Canadian pianist and soprano (1934–1979)

Sheila Henig (February 19, 1934 – May 15, 1979) was a Canadian pianist and soprano. She performed as a soloist with the Halifax, Toronto and CBC Symphony Orchestras as well as the Houston Symphony Orchestra. Henig toured Canada as well as some European nations. She also appeared in concerts broadcast on radio and television by the CBC and was a panelist on the CBC Radio program Music and Opinion in 1973. A posthumous biography on Henig authored by her father and the freelance writer Madeline Thompson was published in 1982.

==Biography==
On February 19, 1934, Henig was born in Winnipeg. She was the daughter of Harry Henig and his wife. Henig was able to sing and dance by the age of two, performing in English and doing aerobics, tap dance and toe dance at a high level. In April 1938, she ventured to Los Angeles for an extended visit so she could audition. There, Eddie Cantor recommended Henig not be pushed but be allowed to develop further before making public presentations. She took on his advice and attended dancing and vocal lessons and made occasional appearances in Winnipeg. By the age of 11, Henig had decided she wanted to become either a grand opera singer or a pianist. She won the Rose Bowl at Toronto's Kiwanis Music Festival, but subsequently opted to be a pianist when she was aged 18 because her voice was not sufficiently developed enough.

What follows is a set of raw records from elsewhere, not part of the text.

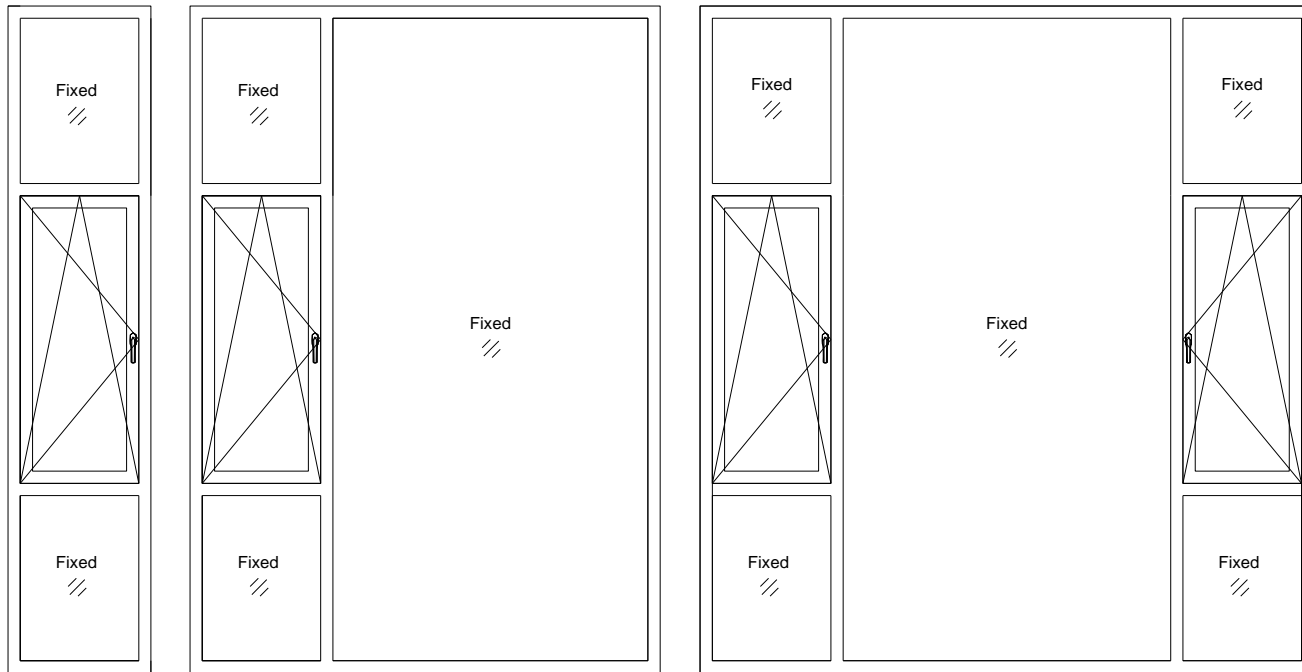

NO.3

$400 \leq W \leq 1300$
 $400 \leq H \leq 2700$

INSIDE VIEW

ROPO Windows & Doors

ADD: Tieling Industrial Zone, Fuzhou City, Fujian Province, China

Web: www.ropowindows.com

E-mail: sales@chinaropo.com

Tel: +0086-591-87147106 Fax: +0086-591-87143620

Technical Literature

Alu Tilt & turn Window

V1.1

Under Jean Broadfoot and Gordon Kushner in Winnipeg and under Margaret Miller Brown at The Royal Conservatory of Music, Henig studied piano. She studied voice with Dorothy Allan Park and Lillian Smith Weichel. Henig earned the $1,000 Eaton Graduating Scholarship in Music for being the "student graduating with the highest standing from the Royal Conservatory of Music" in 1955. She performed as a soloist with the Halifax, Toronto and CBC Symphony Orchestras as well as the Houston Symphony Orchestra. Henig qualified for the finals of each of the 1956 and 1957 Naumberg competitions. In 1957, she made her debut in New York, performing Wolfgang Amadeus Mozart's Sonata in A minor at Steinway Concert Hall on December 21. Henig went on to be the guest artist with the Victoria Symphony Orchestra during her British Columbia Coast debut in Sidney, British Columbia on November 6, 1959. She also became nationally known by appearing in concerts broadcast on radio and television by the CBC and was a panelist on the CBC Radio program Music and Opinion during 1973.

In 1961, Henig went to Europe on a short visit, partaking in the International Competition for Musical Performers in Geneva and winning the Laureate there. She made her European debut in the Concertgebouw in Amsterdam in the same year. After Canada heard of the news of her European debut, Henig undertook a number of engagements. In 1964, she undertook a more extensive tour of Europe, vising Austria, Greece and Spain and ended her tour at Wigmore Hall in London. Henig also recorded extensively for the BBC. Seven years later, Henig did a concert at the National Gallery of Art in Washington, D.C. She was praised by the critic Paul Hume as "... impressive ... superb ... brilliant." Approaching the mid-1970s, Henig made fewer public appearances because she wanted to spend more time with her husband and two children.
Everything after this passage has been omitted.